5.1 Sample Distributions

The sampling distribution of a statistic shows us how much a statistic varies from sample to sample.

For example, see how the mean varies from sample to sample to sample.

Code
# Three Sample Example
par(mfrow=c(1,3))
for(i in 1:3){
    x <- runif(100) 
    m <-  mean(x)
    hist(x,
        breaks=seq(0,1,by=.1), #for comparability
        main=NA, border=NA)
    abline(v=m, col=2, lwd=2)
    title(paste0('mean= ', round(m,2)),  font.main=1)
}

Examine the sampling distribution of the mean

Code
sample_means <- sapply(1:1000, function(i){
    m <- mean(runif(100))
    return(m)
})
hist(sample_means, breaks=50, border=NA,
    col=2, font.main=1,
    main='Sampling Distribution of the mean')
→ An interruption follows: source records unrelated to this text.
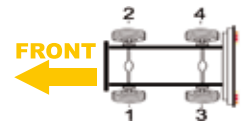

CZEPEL

Model	Caliper type	X ref 1	X ref 2	X ref 3	Veh. Manuf. X ref	Side	BTT Ref
RABA AXLE > 1993	Meritor D3	LRG562	LRG528	RX93.04.005	8285388529	1	R2.03.04.528
		LRG562	LRG528	RX93.04.005	8285388530	2	R2.03.04.528
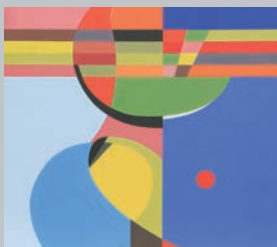

LUCIANO PADOVANI  
*Composizione*

PAOLA REOLI  
*Il sacro femminile*

CAROLINA SCARDONI  
*Maternità*

MARIALUISA SCHWIENBACHER  
*Cretto (Composizione 1)*

GIORGIO SOAVE  
*Strip N. 2*

EMANUELA TERRAGNOLI  
*Oltre la soglia*

ALESSANDRO VACCARI  
*Riflessi*

FRANCO TREVISAN  
*Toro*

In collaborazione con

Comune di  
Sommacampagna
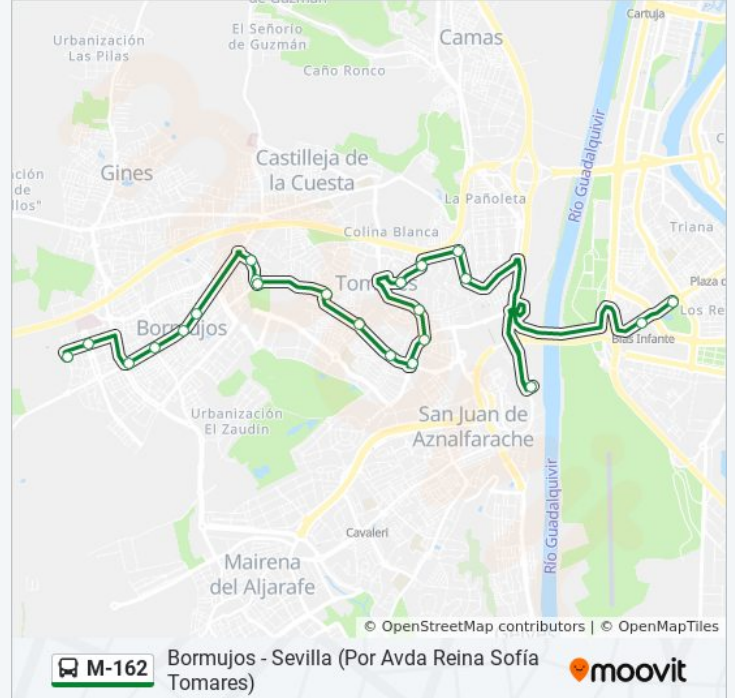

Coso Calero Parque Los Alamos (V)

Rtda Bollullos Puertas Leyva (V)

Hospital San Juan de Dios

Universidad Ceu

Los horarios y mapas de la línea M-162 de autobús están disponibles en un PDF en moovitapp.com. Utiliza [Moovit App](#) para ver los horarios de los autobuses en vivo, el horario del tren o el horario del metro y las indicaciones paso a paso para todo el transporte público en Sevilla.

[Acerca de Moovit](#) · [Soluciones MaaS](#) · [Países incluidos](#) · [Comunidad de Moovites](#)

© 2024 Moovit - Todos los Derechos Reservados

Mira los tiempos de llegada en tiempo real
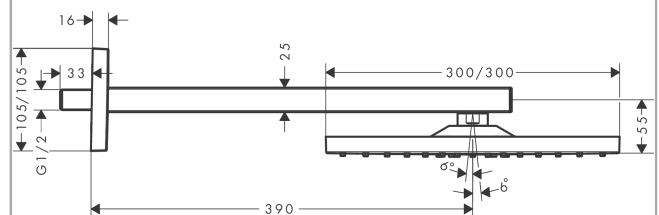

Raindance E**Hovedbruser 300 1jet med bruserbøjning 39 cm**

Overflader : børstet bronze PVD Art.Nr.: 26238140

**Beskrivelse****Kendetegn**

- består af: hovedbruser, bruserbøjning
- bruserstørrelse: 300 x 300 mm
- stråletype: RainAir
- kugleled: hovedbruser justerbar i vinkel
- materiale stråleskive: metal
- brusearmlængde 390 mm
- maksimal gennemstrømsmængde ved 3 bar: 17 l/min
- gennemstrømsmængde RainAir (ved 3 bar): 17 l/min
- stråleskive kan tages af i forbindelse med rengøring
- montering: væg
- tilslutningsgevind G 1/2

Produktdetaljer

VVS-nr.	722507312
Pris ekskl. moms	7.077,00 DKK
Pris inkl. moms *	8.846,25 DKK

Teknologi**Designpriser****Certifikater****Produktbillede****Måltegning**

Raindance E**Hovedbruser 300 1jet med bruserbøjning 39 cm**Overflader : **børstet bronze PVD** Art.Nr.: **26238140****Gennemløbsdiagram**
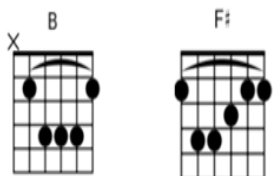

If You're Not In It For Love - Capo 1

1995

Im Outta Here .Version conforme "bande son" .Vérifié JFA 04/09/25

Tonalité originale C. Tempo 120 Bpm

by Shania Twain - Version backing track power cordes

Difficulty : advanced

Tuning: E A D G B E

Nota : Le titre est joué en power cordes

avec de nombreux riffs sur des guitares électriques + effets

et sur lap steel guitare. Cette tablature convient en accompagnement avec

une guitare acoustique ou électrique. C'est un mixte power cordes et

accords, basé sur une structure blues de degré 1 4 5

Intro: |B5 D-| B5 D-| B5 D-| B5 D-|

Verse 1

B5 D-

Mind if I sit Down, Can I buy you are round,

B5 D-

haven't seen your face before are you new in town,

B D- A5 C6 E5 G6

it's the same old lie, Oh every time,

B F# B

are you here al-----one, Can I take you home?

Verse 2

B5 D-

Now every woman sees, With every pretty please,

B5 D-

There's a pair of lyin' eyes and a set of keys,

B D-

A5 C6

E5 G6

He says come be a star, in the back seat of my car,

B

F#

B

Oh but baby slow, down you're goin' way too far,

E

G

A

Let me make it clear to you my dear.

Break...

Chorus

<https://www.youtube.com/watch?v=X1AZa0J7kAw>

G D A

If you're not, in it for love

G D A

If you're not, willing to give it all you got

G A G A

If you're not in it for life, If you're not in it for love

E G A

Let me make it clear to you my dear.

NC = no chord

Bbm

If you're not in it for love, I'm outta here.

Transition: B

Verse 3

B5 D-

Babe I could change your world, Make you a cover girl

B5 D-

Yeah you could be a beauty queen in a magazine,

B5 D-

A5 C6

Now tell me what's your sign,

A5 C6

E5 G6

Why always the same old line,

B

F#

B

I'll be your 4 - 0 - 9, If you'll change your mind,

E

G

A

Let me make it clear to you my dear.

Break...

Chorus

G D A

If you're not, in it for love

G D A

If you're not, willing to give it all you got

G A G A

If you're not in it for life, If you're not in it for love

E G A

In this figure, you see two the most profound results known in statistics

  • Law of Large Numbers: the sample mean is centered around the true mean.
  • Central Limit Theorem: the sampling distribution of the mean is approximately standard normal.

Central Limit Theorem.

There are actually many different variants of the central limit theorem, as it applies more generally: the sampling distribution of many statistics are standard normal. For example, examine the sampling distribution of the standard deviation.

Code
three_sds <- c(  sd(runif(100)),  sd(runif(100)),  sd(runif(100))  )
three_sds
## [1] 0.3013933 0.3024440 0.2870721

sample_sds <- sapply(1:1000, function(i){
    s <- sd(runif(100))
    return(s)
})
hist(sample_sds, breaks=50, border=NA,
    col=4, font.main=1,
    main='Sampling Distribution of the sd')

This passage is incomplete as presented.